Wednesday, October 04, 2006

the conspiracy blog

There is a conspiracy to make me clean my apartment.

Those who know me will laugh, because I am a neat freak. I tolerate piles of untidiness, confined to baskets, placed in specific corners. If your home is a bit tidier after I leave, well, I do apologize. And I do apologize - often - until the SIL told me, kindly, that she was prepared to tolerate my obvious neurosis. The FIL invited me to stay for a week…

And now we have mice. First one mouse, now two. The Eldest, entranced, spent some time singing ‘come out, come out little mousie’ songs to the pantry, while I grimly collected exterminator phone numbers (from Angie’s List, BTW, a wonderful resource) and chasing the boys around with a dustpan.

Two days later, my kitchen is spotless, my pantry organized into barracks made of plastic or glass, and the floors gleaming. I spent a Martha moment wishing the pantry’s containers all matched, then moved on.

To the dining room. Earlier that day, the Eldest had managed to bonk his head with a childgate. Okay, I’d bonked his head with the gate – I opened it, only to realize that his head was at ankle height (how? when? what the hell?) and bumped his forehead with it. It wasn’t a hard whack, and I managed to overlook that today he has no clotting protein in him. None. For lo, it is Wednesday, and on Wednesdays we assume that the Mama can keep the boy from sufficient harm.

Whoops.

But back to the diningroom, where the Eldest was amusing himself by demanding toll each time I passed while clearing the table. In the kitchen, I heard a swish and a thump, and came back into the diningroom to see the Eldest lying on the ground, the tablecloth hanging down, and a glass shattered around him. He looked shocked – and oddly glittery.

Hold still, I barked, and he burst into tears. I settled him, picked glass out of his hair, vacuumed up the halo of glass shards around him until I was able to let him sit up and climb out of the mess. Twenty minutes later, the glass was vacuumed up (a wonderful thing, the Miele!), the table cloth was removed, and he and I were companiably sitting and washing off the chairs. One by one, he handed me paper towels and I scrubbed his chair, the baby’s chair.

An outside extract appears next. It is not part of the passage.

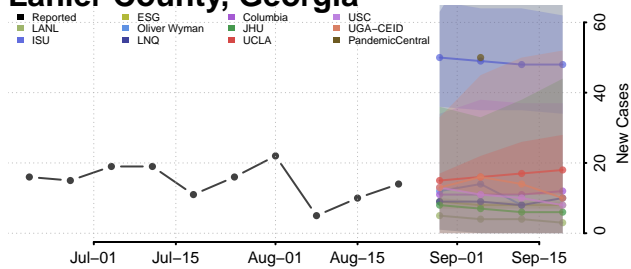

Lanier County, Georgia

Ouch, he said meditatively, putting a hand to the top of his head. Not, I noted, to the spot where his head had met the gate. Oh, dear.

I called the hematologists to discuss dosages (no head CT necessary, I told them – and made it sound good). There was glass on him, glass around him, I said giddily, but none underneath! Oh, my, said the young doc, you’re going to need to coat the floor in foam for that one. Surprised, I stopped. And then carefully explained that perhaps even this child needs to fall, once in a while?

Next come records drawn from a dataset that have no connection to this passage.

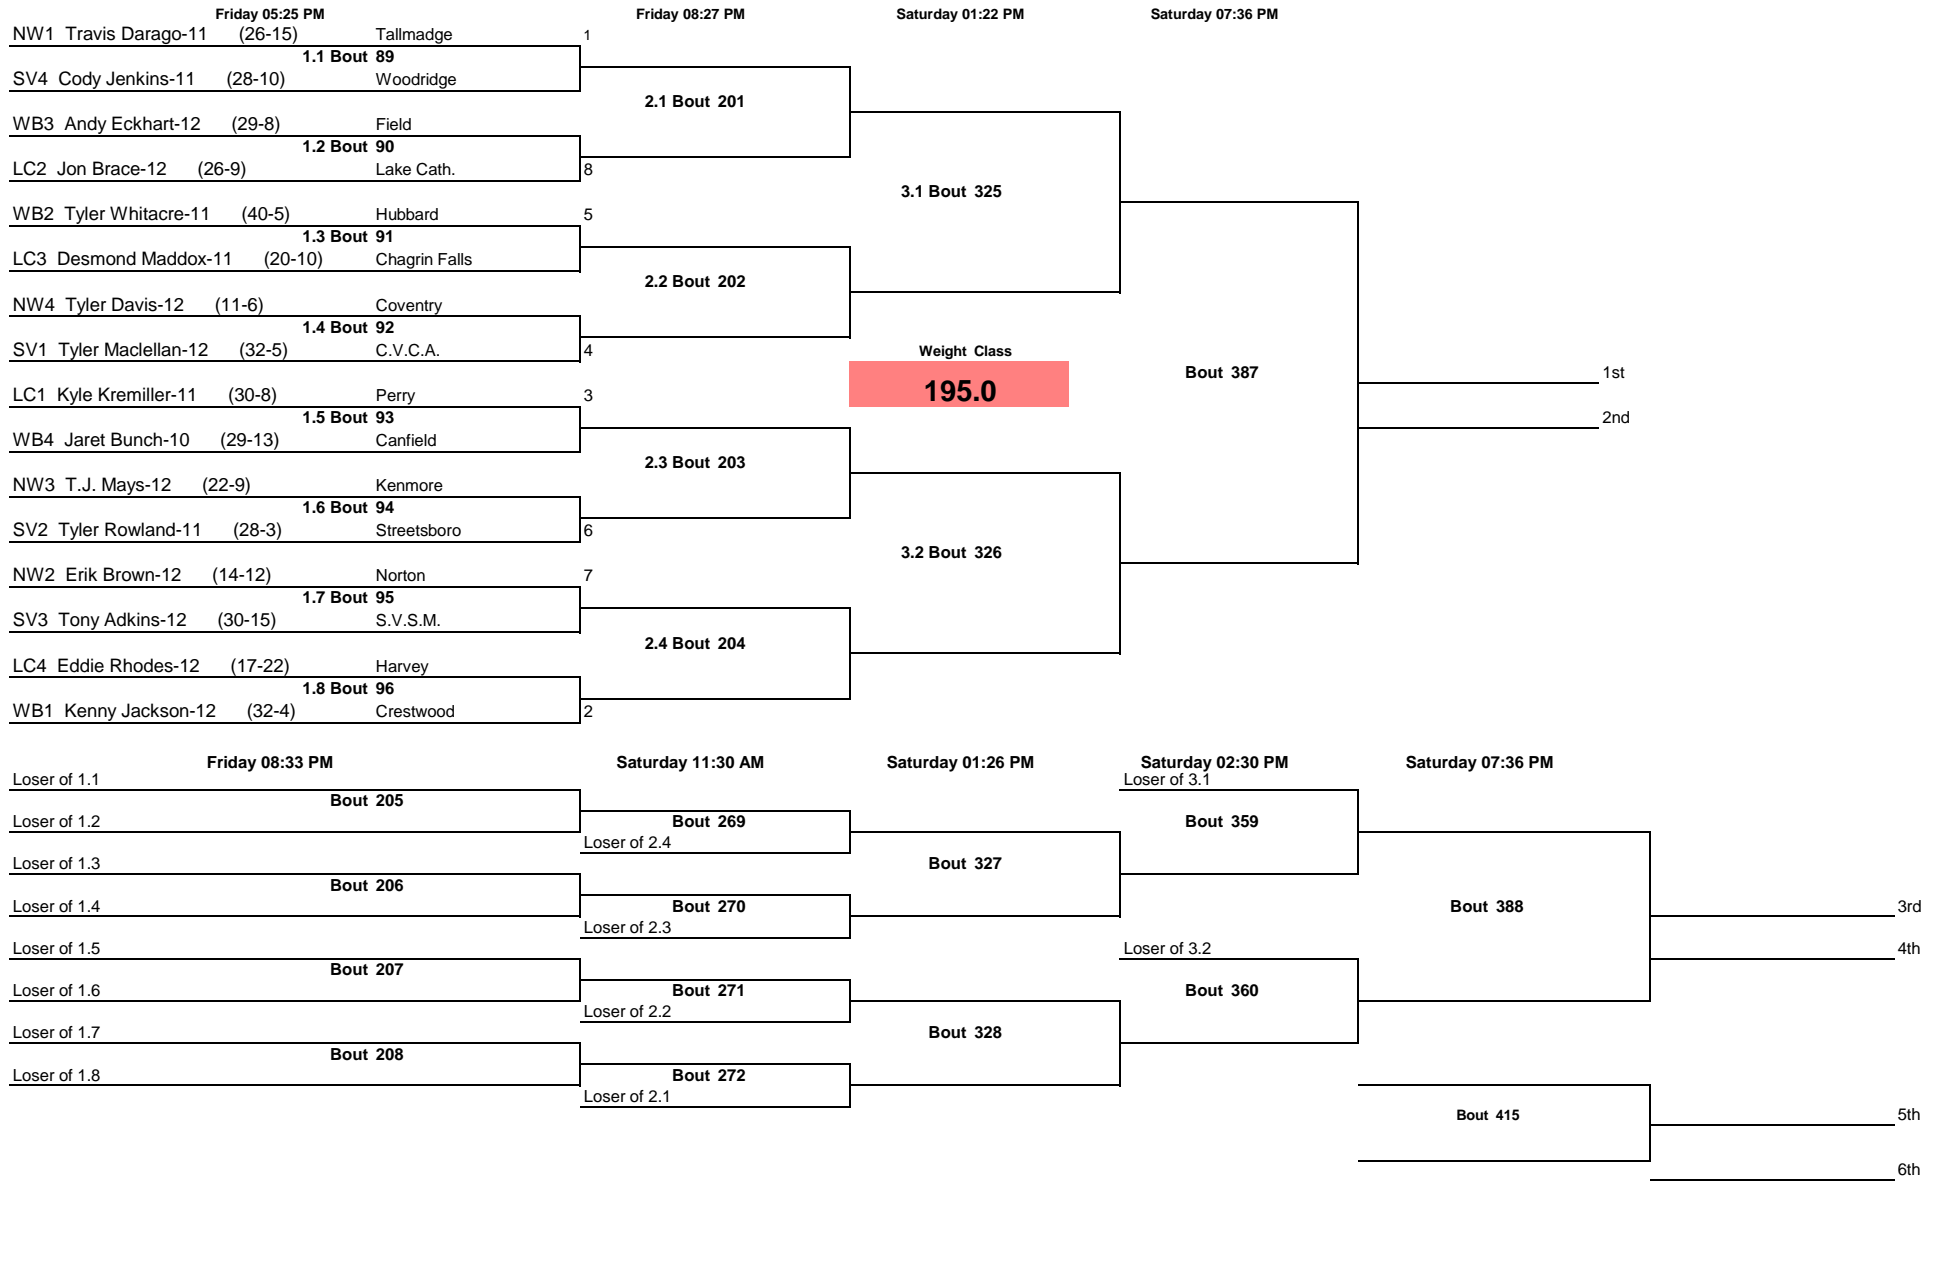

Alliance D2 District 2014

Note: All TIMES are ESTIMATES ONLY

Alliance D2 District 2014

Note: All TIMES are ESTIMATES ONLY

Alliance D2 District 2014

Note: All TIMES are ESTIMATES ONLY

Alliance D2 District 2014

Note: All TIMES are ESTIMATES ONLY

Alliance D2 District 2014

Note: All TIMES are ESTIMATES ONLY

Alliance D2 District 2014

We agreed that I had to give him points for drama, and I hung up. Walking up to the bath, where the Eldest was complaining of pain in his right hip, I noticed three single sheets of paper towel, laid neatly in a line under the table. It looked like an ellipsis. Oh, I thought, so something is next, is it?

Five minutes later, I was putting the last of my carefully packaged, mouse-resistant pantry items away. I hoisted the last, the sunflower seeds for our bird feeder, an item much adored by the mice, and felt a gentle yet solid rain.

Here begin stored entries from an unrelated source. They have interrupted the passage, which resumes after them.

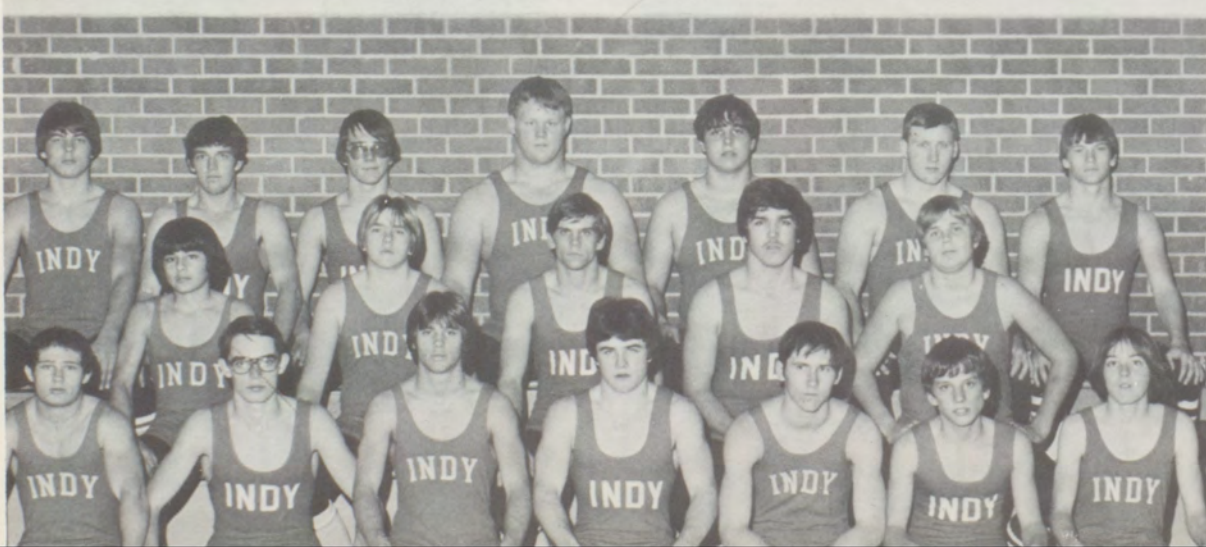

Wrestlers Place Eighth At State

The IHS matmen did very well this year. They finished eighth in the state meet, even though they had only four team members competing. Chip Schuler finished second, while brother Brian placed fourth. Mike Taylor garnered a fourth place award, and Ryon Knop competed, but did not place.

BULLDOGS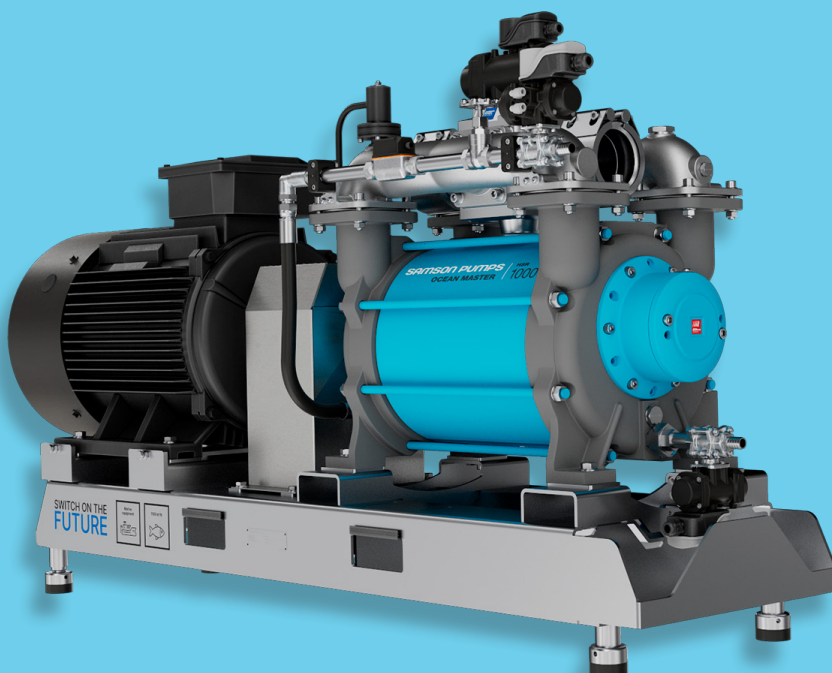

Imperial

- 10 Ocean Master Solution 500 Performance
- 11 Ocean Master Solution 500 Power consumption
- 12 Ocean Master Solution 700 Performance
- 13 Ocean Master Solution 700 Power consumption
- 14 Ocean Master Solution 1000 Performance
- 15 Ocean Master Solution 1000 Power consumption
- 16 Ocean Master Solution 1500 Performance
- 17 Ocean Master Solution 1500 Power consumption

**SAMSON
PUMPS**
Switch on the future

Ocean Master Solution 500

Performance

Ocean Master Solution 500

Power consumption

Power consumption based on water supply according to description in the pump manual.

Ocean Master Solution 700

Performance

Ocean Master Solution 700

Power consumption

Power consumption based on water supply according to description in the pump manual.

Ocean Master Solution 1000

Performance

Ocean Master Solution 1000

The sunflowers poured down on me, on my stepstool, coating the floor and scattering happily into the next room. Giggling somewhat maniacally, I pulled out the vacuum cleaner again. Five minutes later, the floor was sunflower-free, and I sat on it. Next to me, the vacuum burped happily.

I need chocolate.

6 comments:

jgfellow said...

CHOCOLATE ON AISLE 4!!!

Anonymous said...

Try the electric "noise makers" you can find them at a hardware store. They put out a high pitched sound and the mice go away. Good luck

ZM said...

Anon, thanks for the tip - actually we had been using them, back when 'mice' was 'mouse.' Alas, they didn't work - and we bought a lot, to get good coverage.

Some online research showed an apparent argument as to whether these things work or not. Whoops!

Anonymous said...

Those electronic doohickeys never did work for us either. We had a regular petting zoo back in KC, and not just of the mouse persuation. It came complete with the possum under the porch and the neighborhood feral cats. Ian is much offended by the little squeakies and we were infinitely dismayed when they appeared here this summer. Traps were strategically placed where I would never see the outcome. I can't bear it, so Ian must process his loathing all the way to removing the evidence.

Anonymous said...

Speaking of wildlife, how are the moths? :)

ZM said...

Auntie A, the moths are no longer thriving. I decided to be merciless towards at least one form of unwelcome life in our house, and the moths are it.